*** GIVEN ENTRIES ***

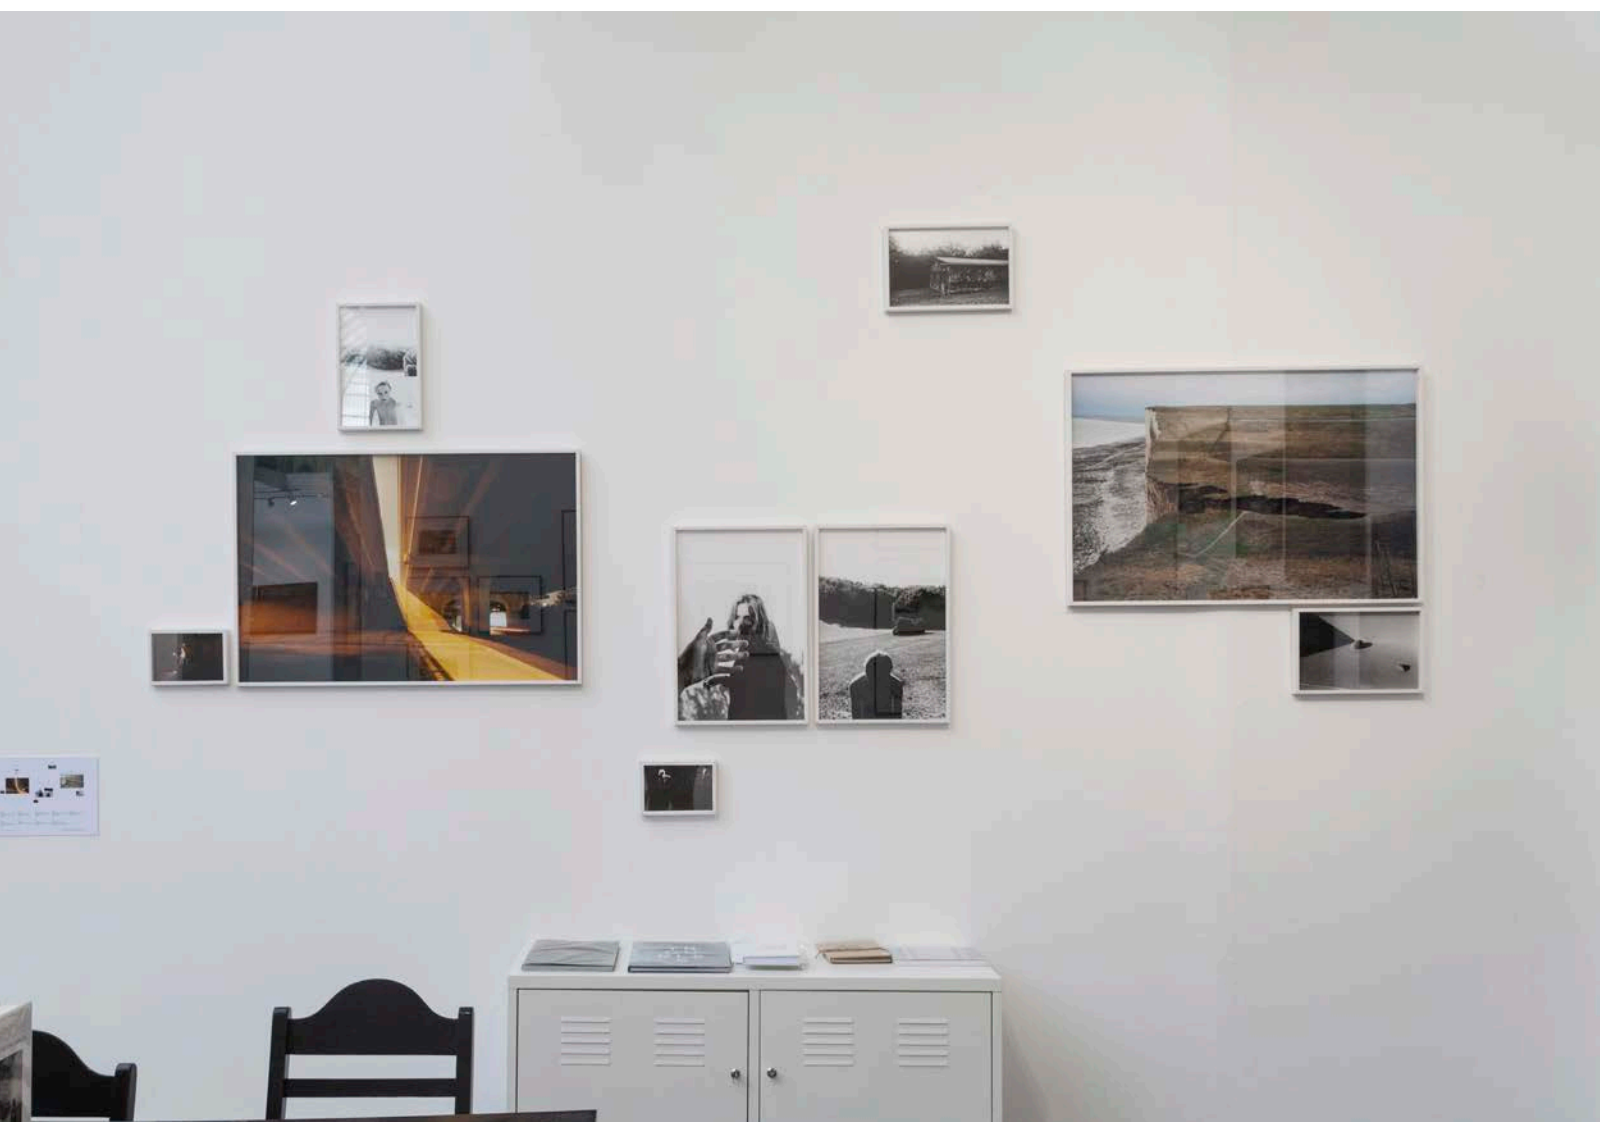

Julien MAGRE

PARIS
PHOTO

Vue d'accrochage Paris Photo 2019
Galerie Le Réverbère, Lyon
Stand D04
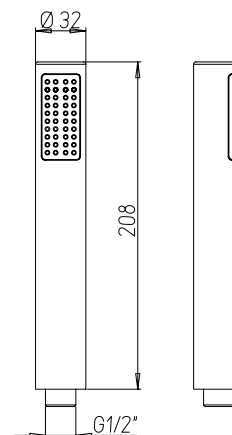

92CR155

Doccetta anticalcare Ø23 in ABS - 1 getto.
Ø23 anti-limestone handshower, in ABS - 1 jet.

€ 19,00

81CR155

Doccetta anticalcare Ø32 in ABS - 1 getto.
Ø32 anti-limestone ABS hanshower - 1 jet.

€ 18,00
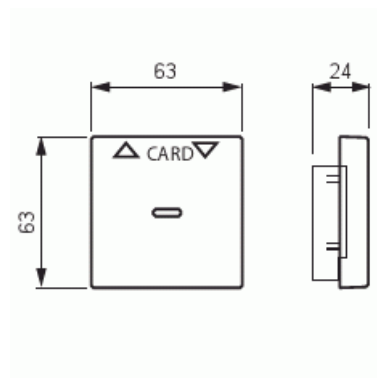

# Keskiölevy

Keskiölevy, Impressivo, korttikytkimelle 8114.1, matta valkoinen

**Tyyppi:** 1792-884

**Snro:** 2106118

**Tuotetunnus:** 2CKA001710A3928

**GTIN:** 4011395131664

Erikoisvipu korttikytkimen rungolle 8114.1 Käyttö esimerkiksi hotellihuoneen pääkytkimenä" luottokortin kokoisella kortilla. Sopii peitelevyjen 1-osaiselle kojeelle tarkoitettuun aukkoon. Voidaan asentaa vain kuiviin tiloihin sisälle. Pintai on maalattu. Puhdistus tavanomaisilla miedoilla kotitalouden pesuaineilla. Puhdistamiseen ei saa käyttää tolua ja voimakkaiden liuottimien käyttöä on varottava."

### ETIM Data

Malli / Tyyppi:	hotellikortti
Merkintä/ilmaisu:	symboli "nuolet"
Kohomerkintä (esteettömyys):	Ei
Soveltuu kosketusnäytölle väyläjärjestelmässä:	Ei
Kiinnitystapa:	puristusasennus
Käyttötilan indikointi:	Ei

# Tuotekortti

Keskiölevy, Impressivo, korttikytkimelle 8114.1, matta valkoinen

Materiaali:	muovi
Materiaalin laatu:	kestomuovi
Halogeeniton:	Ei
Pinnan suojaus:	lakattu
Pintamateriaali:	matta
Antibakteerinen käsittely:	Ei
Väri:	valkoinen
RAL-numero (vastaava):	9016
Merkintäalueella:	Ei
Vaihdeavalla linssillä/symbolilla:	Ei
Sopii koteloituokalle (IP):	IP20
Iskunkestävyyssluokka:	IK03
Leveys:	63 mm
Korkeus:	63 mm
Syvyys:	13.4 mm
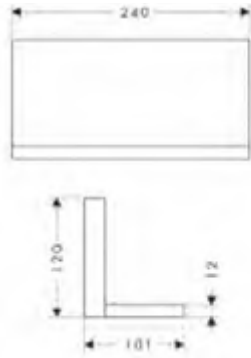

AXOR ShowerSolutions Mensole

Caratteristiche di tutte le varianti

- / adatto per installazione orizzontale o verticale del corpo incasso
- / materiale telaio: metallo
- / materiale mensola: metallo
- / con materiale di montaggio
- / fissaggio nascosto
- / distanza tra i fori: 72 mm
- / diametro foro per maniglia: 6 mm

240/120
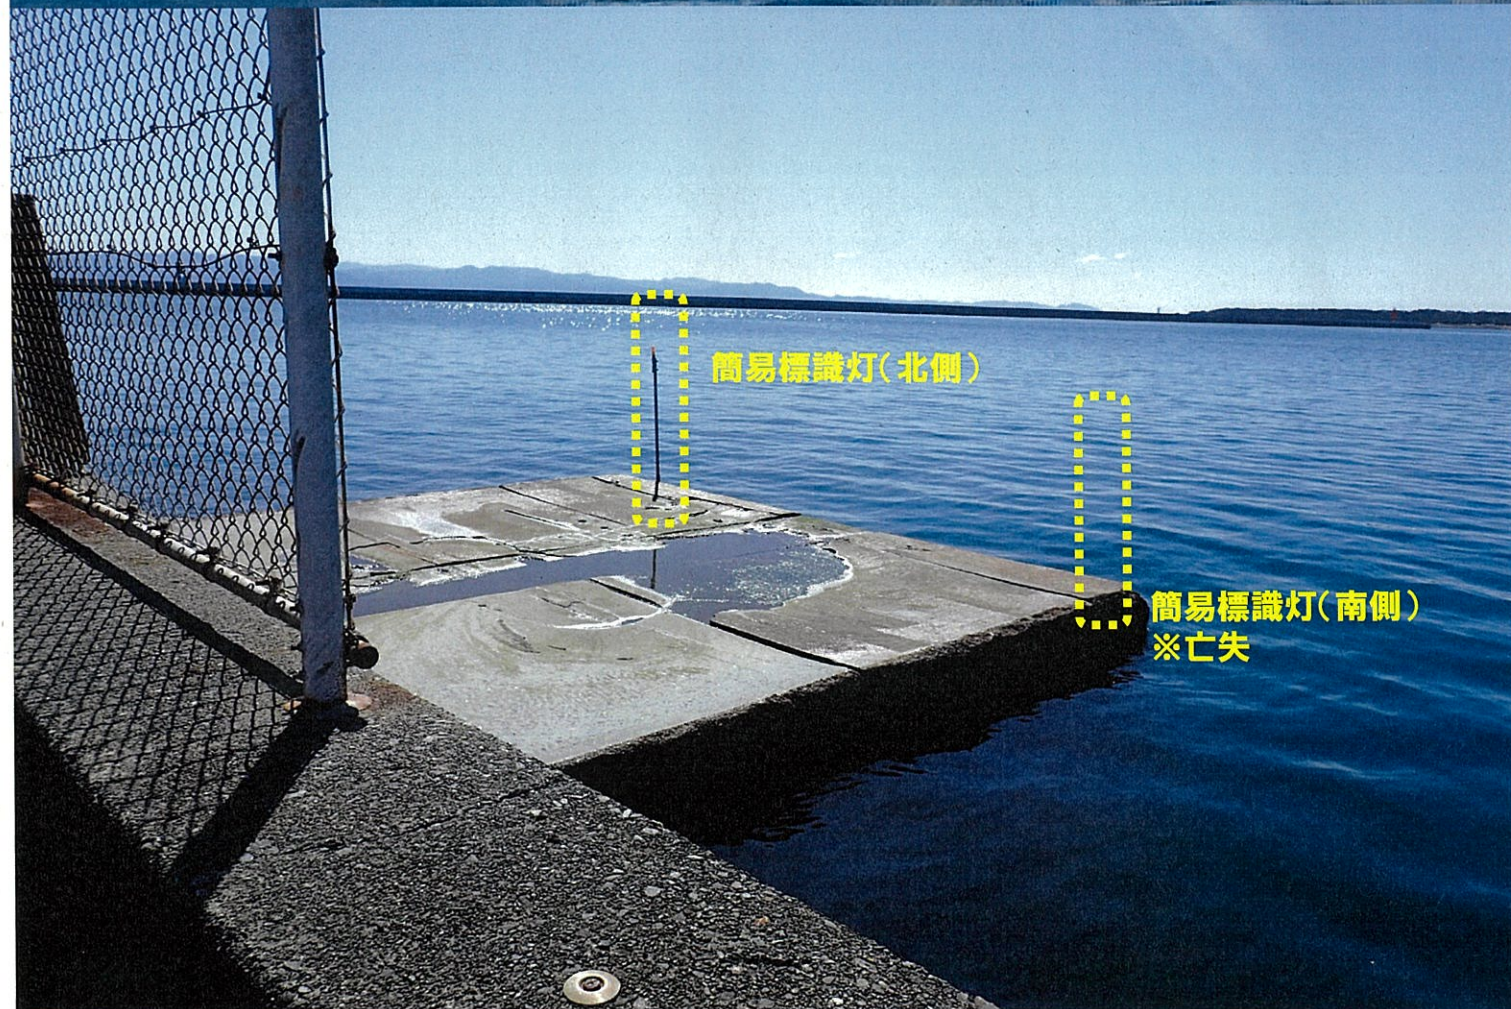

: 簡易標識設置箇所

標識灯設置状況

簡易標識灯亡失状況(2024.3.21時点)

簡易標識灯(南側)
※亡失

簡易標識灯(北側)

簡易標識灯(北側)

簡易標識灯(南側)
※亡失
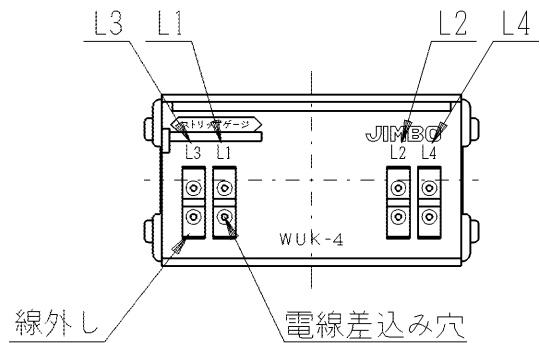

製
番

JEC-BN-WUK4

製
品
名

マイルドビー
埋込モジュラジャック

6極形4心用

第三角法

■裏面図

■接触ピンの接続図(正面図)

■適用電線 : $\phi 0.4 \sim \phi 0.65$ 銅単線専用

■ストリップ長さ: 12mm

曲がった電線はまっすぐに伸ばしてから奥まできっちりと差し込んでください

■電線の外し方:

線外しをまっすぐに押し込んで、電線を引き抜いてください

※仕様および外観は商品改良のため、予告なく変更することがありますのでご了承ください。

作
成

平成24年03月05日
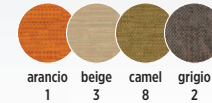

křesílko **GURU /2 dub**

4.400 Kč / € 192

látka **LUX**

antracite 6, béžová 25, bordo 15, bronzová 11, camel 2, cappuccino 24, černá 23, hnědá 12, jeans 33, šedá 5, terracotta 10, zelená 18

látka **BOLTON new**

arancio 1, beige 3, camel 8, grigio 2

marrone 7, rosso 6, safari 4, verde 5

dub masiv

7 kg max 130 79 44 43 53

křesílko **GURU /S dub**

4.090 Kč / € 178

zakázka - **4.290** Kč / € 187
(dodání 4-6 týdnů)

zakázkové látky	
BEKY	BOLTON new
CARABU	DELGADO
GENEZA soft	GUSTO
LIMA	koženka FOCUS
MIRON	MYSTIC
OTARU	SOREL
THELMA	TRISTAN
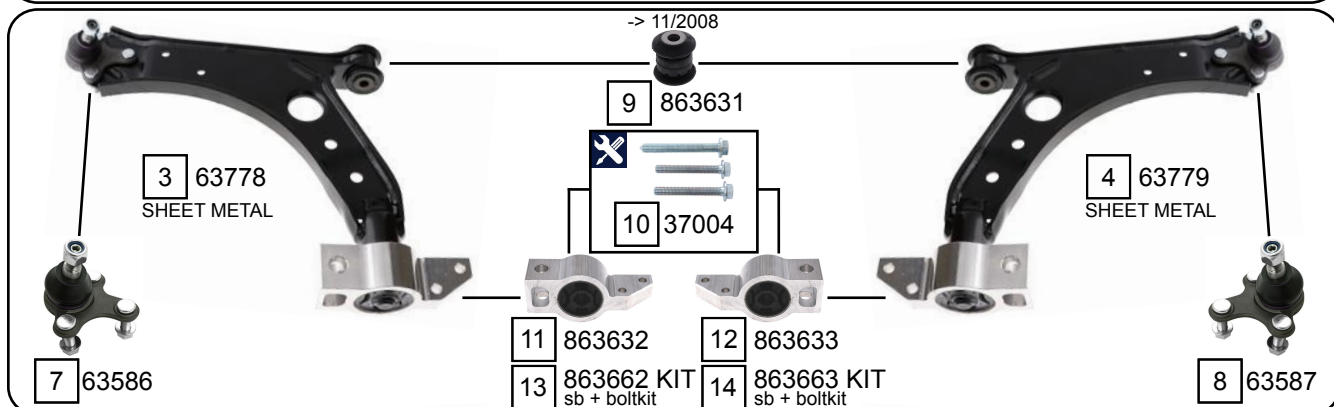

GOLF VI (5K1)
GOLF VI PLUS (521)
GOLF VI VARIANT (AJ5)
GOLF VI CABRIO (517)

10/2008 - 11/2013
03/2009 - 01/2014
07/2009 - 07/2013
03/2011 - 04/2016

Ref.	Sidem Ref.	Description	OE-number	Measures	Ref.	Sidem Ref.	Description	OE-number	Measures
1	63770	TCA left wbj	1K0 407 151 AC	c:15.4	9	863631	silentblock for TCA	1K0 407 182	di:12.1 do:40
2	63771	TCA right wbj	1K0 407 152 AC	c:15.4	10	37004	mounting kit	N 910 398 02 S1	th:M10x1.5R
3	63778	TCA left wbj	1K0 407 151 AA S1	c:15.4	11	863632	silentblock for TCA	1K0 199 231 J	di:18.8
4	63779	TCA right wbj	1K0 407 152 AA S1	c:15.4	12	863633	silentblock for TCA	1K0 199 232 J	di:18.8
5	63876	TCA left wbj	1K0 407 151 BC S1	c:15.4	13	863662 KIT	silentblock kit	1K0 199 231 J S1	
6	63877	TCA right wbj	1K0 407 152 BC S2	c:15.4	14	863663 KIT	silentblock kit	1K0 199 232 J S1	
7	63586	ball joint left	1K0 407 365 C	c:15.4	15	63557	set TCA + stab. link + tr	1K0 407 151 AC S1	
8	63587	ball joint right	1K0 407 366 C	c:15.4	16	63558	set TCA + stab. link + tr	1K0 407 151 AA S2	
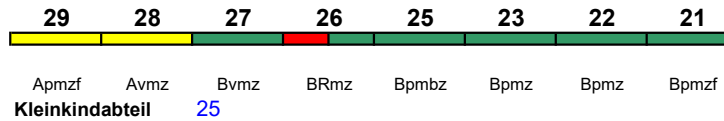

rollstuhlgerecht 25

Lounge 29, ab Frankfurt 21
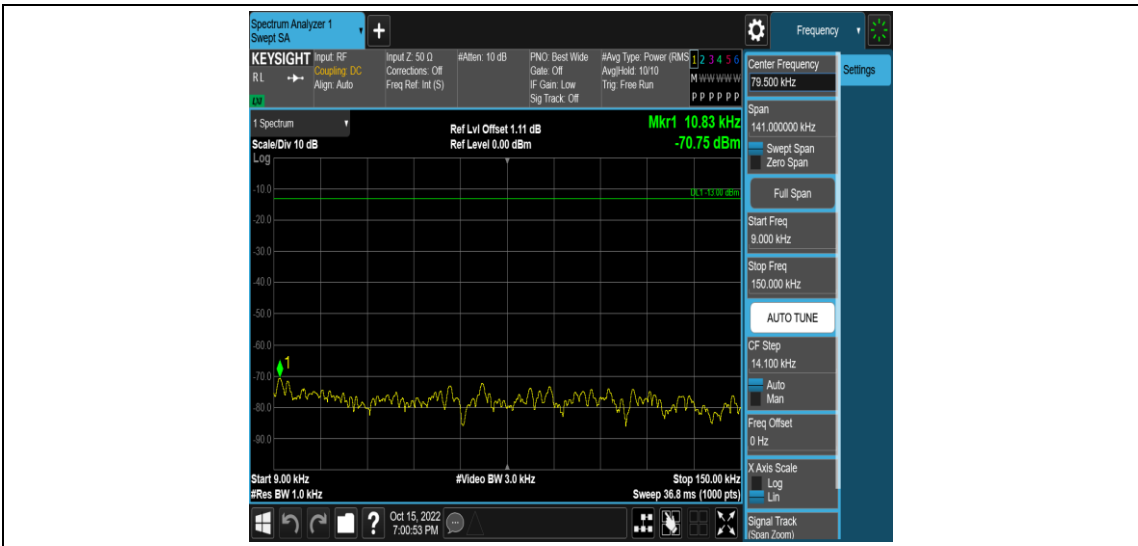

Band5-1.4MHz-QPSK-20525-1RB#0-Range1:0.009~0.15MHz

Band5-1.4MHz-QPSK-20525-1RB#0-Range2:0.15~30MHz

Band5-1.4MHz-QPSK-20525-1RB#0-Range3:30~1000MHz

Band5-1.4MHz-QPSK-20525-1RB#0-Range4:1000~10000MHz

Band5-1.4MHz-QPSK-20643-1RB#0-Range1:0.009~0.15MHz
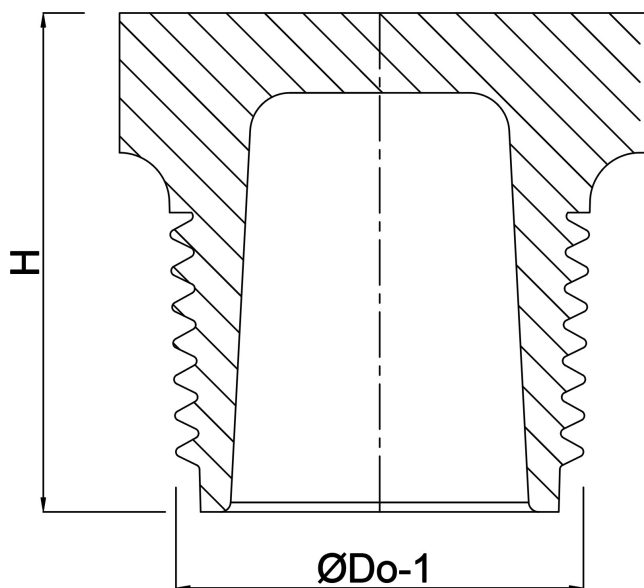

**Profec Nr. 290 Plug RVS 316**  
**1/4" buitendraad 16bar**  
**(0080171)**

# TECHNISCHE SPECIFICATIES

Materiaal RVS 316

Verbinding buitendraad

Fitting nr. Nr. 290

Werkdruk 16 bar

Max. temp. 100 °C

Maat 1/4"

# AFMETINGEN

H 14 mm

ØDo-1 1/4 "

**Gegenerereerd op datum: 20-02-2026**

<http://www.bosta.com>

***

ASSIGNMENT — All that belongs in the answer is the lines from the line with "Lounge 29, ab Frankfurt 21" through the closing line of the entries, inclusive, transcribed exactly and free of pictures.

REPLY TO THE TASK —
Lounge 29, ab Frankfurt 21

Band5-1.4MHz-QPSK-20525-1RB#0-Range1:0.009~0.15MHz

Band5-1.4MHz-QPSK-20525-1RB#0-Range2:0.15~30MHz

Band5-1.4MHz-QPSK-20525-1RB#0-Range3:30~1000MHz

Band5-1.4MHz-QPSK-20525-1RB#0-Range4:1000~10000MHz

Band5-1.4MHz-QPSK-20643-1RB#0-Range1:0.009~0.15MHz

**Profec Nr. 290 Plug RVS 316**  
**1/4" buitendraad 16bar**  
**(0080171)**

# TECHNISCHE SPECIFICATIES

Materiaal RVS 316

Verbinding buitendraad

Fitting nr. Nr. 290

Werkdruk 16 bar

Max. temp. 100 °C

Maat 1/4"

# AFMETINGEN

H 14 mm

ØDo-1 1/4 "

**Gegenerereerd op datum: 20-02-2026**

<http://www.bosta.com>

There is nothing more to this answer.